## Your objective
Starting with the line that contains "STYLE NUMBER: TW517", copy every remaining line of the data below exactly, the last one included.

## Material shown

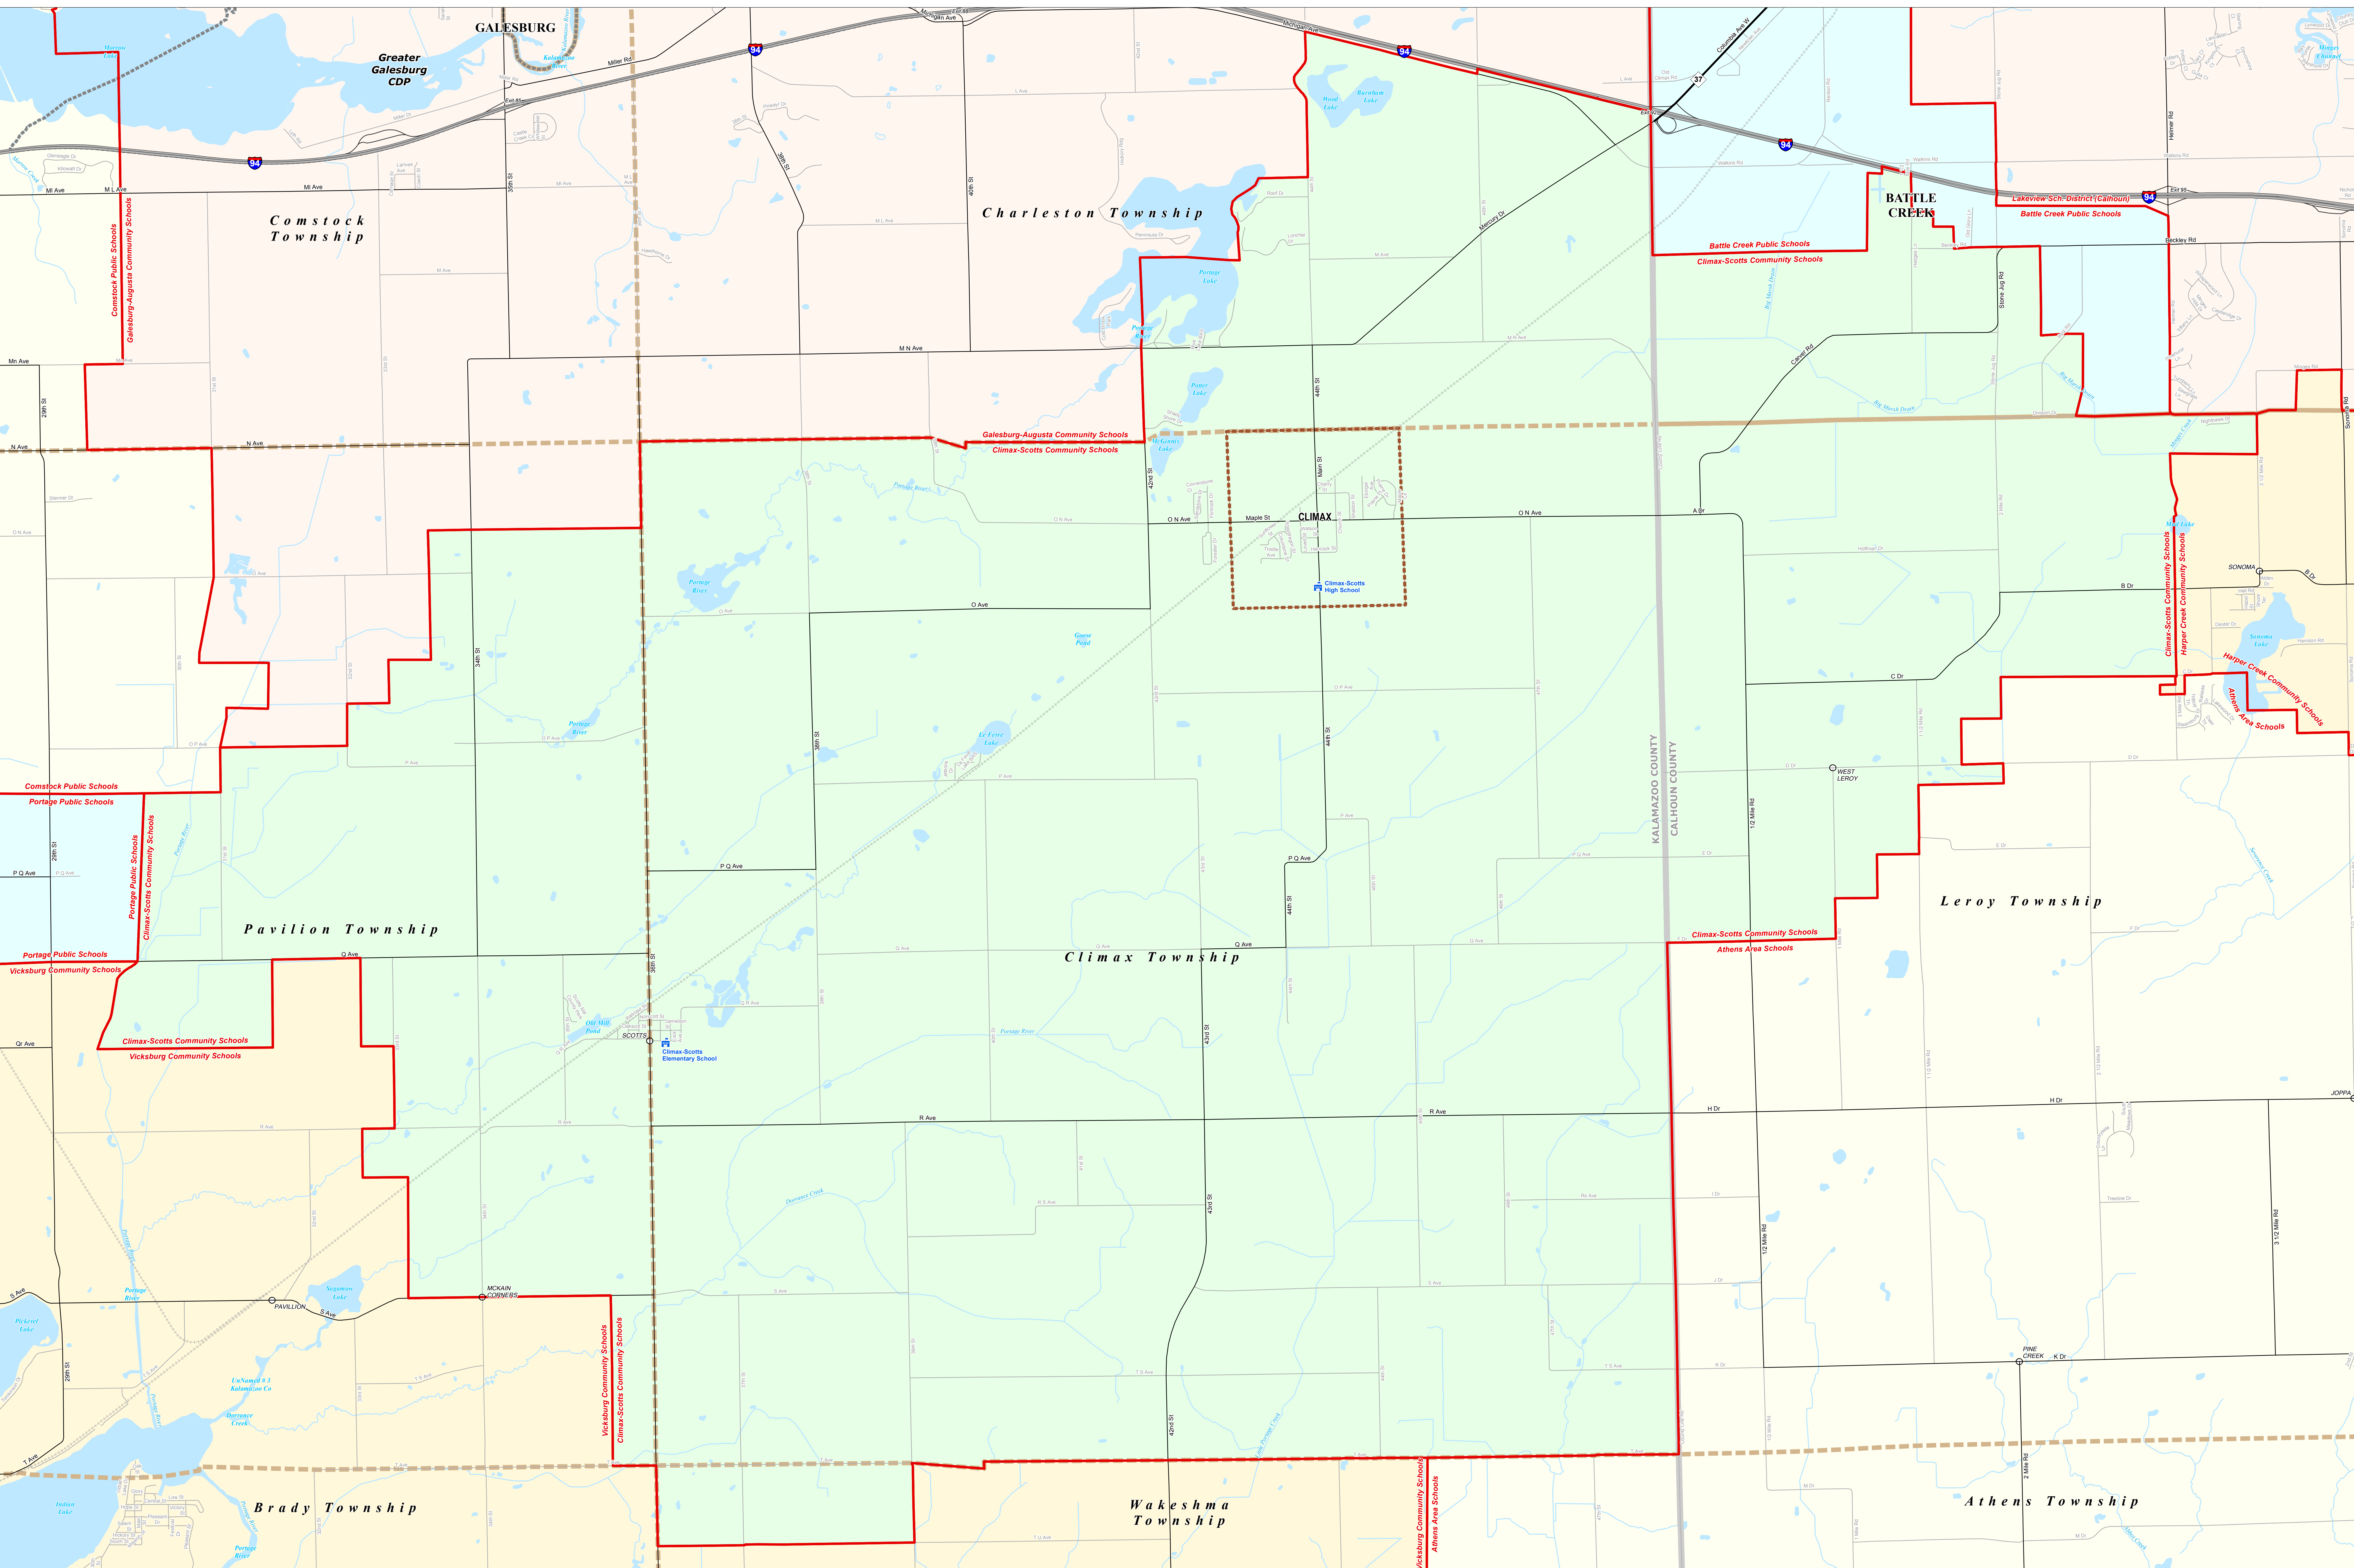

CLIMAX-SCOTTS COMMUNITY SCHOOLS

Kalamazoo RESA

0 0.25 0.5 1 Miles

Legend	
School District	School
County	Water Feature
City	River, Stream, or Drain
Township	Railroad
Village	Freeway
Census Designated Place	Primary Road
	Local Road
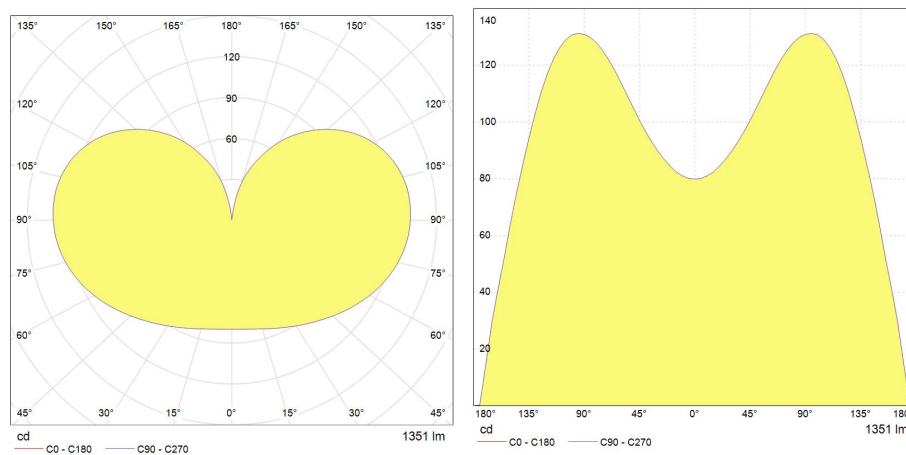

Electrical data

Nominal lamp power factor...	>0.5
Operating Temperature (MIN) [°C]	-20°C
Operating Temperature (MAX) [°C]	+40°C
Starting time (sec)	<0,5 s
Warm up time up to 60% of full light output	Instant on
Number of switching cycles	50000
Nominal lamp voltage range [V]	220-240V
Nominal power [W]	10

Logistic data

Shipment	Standard
DUN Code	15994100047459
EAN Code	5994100047452
Pack Quantity	10
Product status	Available

Light distribution
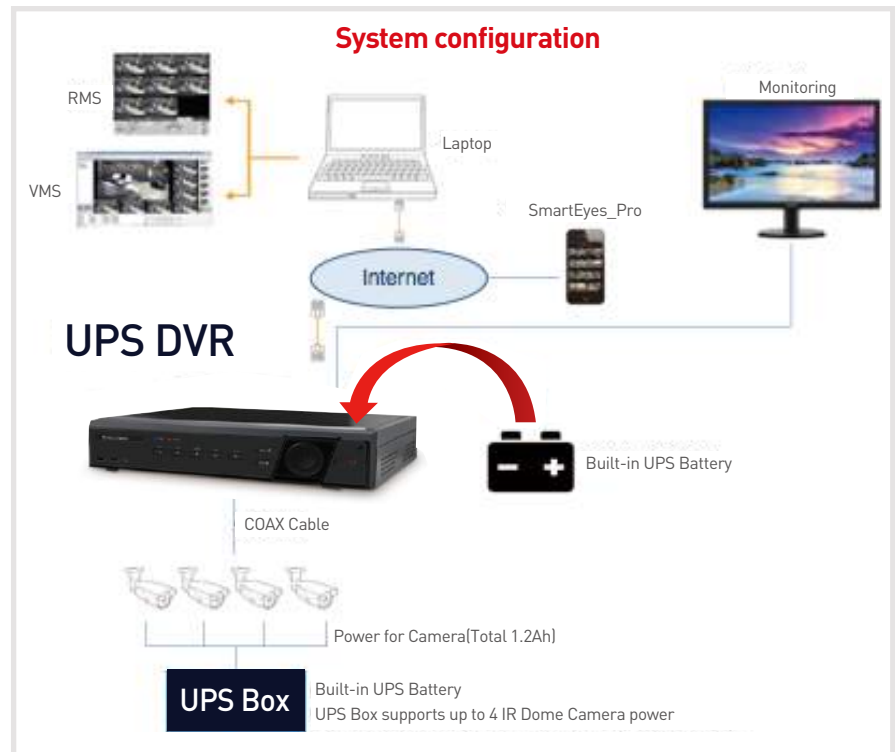

Marine DVR

Variety of uses

- Recording all actions on deck when fishing, sailing, cruising
- Prevent accidents from blind spot(Stern section, Engine room)
- Assist to maneuver and dock
- Keep as an evidence for marine accident

Key features

- Anti - Vibration, moisture/damp ingress, corrosion, UV
- GPS for time correction
- SSD adoption for storage medium
- All-in-One monitor type for saving space

UPS DVR

Key Features

- Built-in UPS
- 4 BNC Input / Lite case
- Keep recording 10 min. when black out, power failure occurred
- Affordable cost/ for SOHO
- Additional accessories : UPS BOX for UPS function of camera
- Used non-explosive safe battery
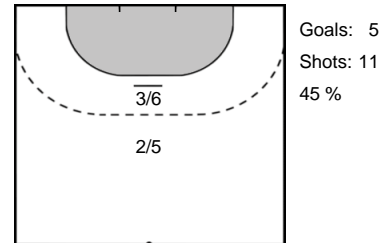

45 HAFRA
Noemi
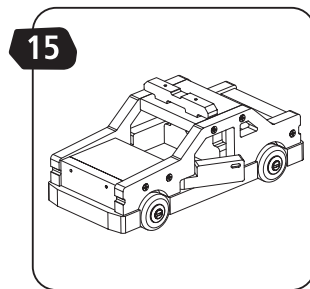

STANLEY® Jr.

5+

Police Car Kit

ASSEMBLY INSTRUCTIONS

STANLEY[®] Jr.

Parental guidance and direct supervision required at all times.

ASSEMBLY INSTRUCTIONS

45min
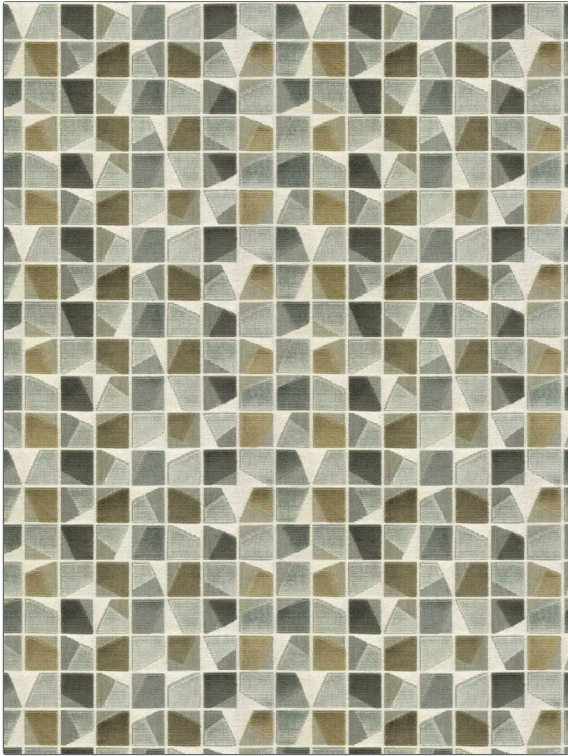

PATTERN Shattered Box
COLOR Storm

BRAND	APPLICATION
Fabricut	Fabric
USES	CATEGORIES
Upholstery	Velvet / Grospoint, Wovens
BOOK	COLORS
Modern Home (4 Books) Moon Storm	Grey
DESIGN TYPES	SCALE
Geometric, Contemporary / Modern	Medium
DIRECTION SHOWN	
Up the Bolt	

WIDTH	VERTICAL REPEAT	HORIZONTAL REPEAT	CONTENT
54.00 in (137.16 cm)	10.78 in (27.38 cm)	13.78 in (35.00 cm)	49% Viscose, 49% Polyester, 2% Cotton
BACKING	FIRE CODES	DOUBLE RUBS	PRODUCT NUMBER
	UFAC Class I / NFPA 260	Exceeds 30,000 Double Rubs (Wyzenbeek Method)	1836901
DATE BOOKED	COUNTRY	CLEANING CODES	
07/2024	Belgium	S	
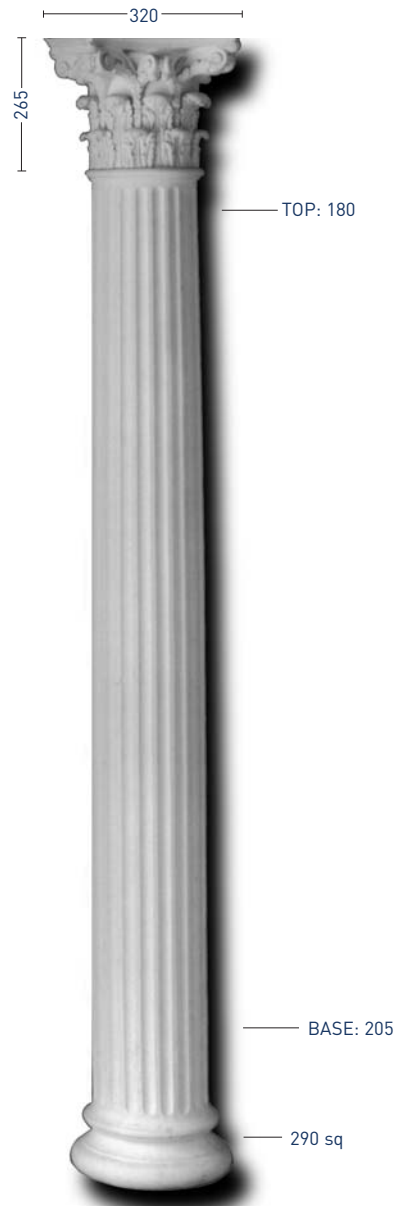

STYLE NUMBER: TW207 DIAMETER: 915mm. Also available with 590mm diameter

STYLE NUMBER: TW238 DIAMETER: 680mm

STYLE NUMBER: TW210 DIAMETER: 1020 x 780mm

STYLE NUMBER: TW211 DIAMETER: 820mm

STYLE NUMBER: TW221 DIAMETER: 1280mm
(with coronets shown), DIAMETER: 1015mm (without coronets)

LARGE CORINTHIAN COLUMN

SMALL CORINTHIAN COLUMN

PLAIN DORIC PILASTER

PLAIN IONIC COLUMN

Thomas & Wilson Columns & Pilasters

Fine Architectural Mouldings Since 1919

FLUTED IONIC COLUMN

FLUTED CORINTHIAN COLUMN

STYLE NUMBER: TW514
DIAMETER: 53mm

STYLE NUMBER: TW515
DIAMETER: 75mm

STYLE NUMBER: TW518
DIAMETER: 65mm

STYLE NUMBER: TW522

STYLE NUMBER: TW521

STYLE NUMBER: TW520

STYLE NUMBER: 523

STYLE NUMBER: TW704
WIDTH: 890mm DEPTH: 360mm

STYLE NUMBER: TW703
WIDTH: 920mm DEPTH: 210mm

STYLE NUMBER: TW214
DIAMETER: 240mm

STYLE NUMBER: TW213
DIAMETER: 250mm

STYLE NUMBER: TW517
DIAMETER: 100mm

STYLE NUMBER: TW 503
DIAMETER: VARIOUS

STYLE NUMBER: TW508
DIAMETER: 62mm

## Answer to the problem
STYLE NUMBER: TW517
DIAMETER: 100mm

STYLE NUMBER: TW 503
DIAMETER: VARIOUS

STYLE NUMBER: TW508
DIAMETER: 62mm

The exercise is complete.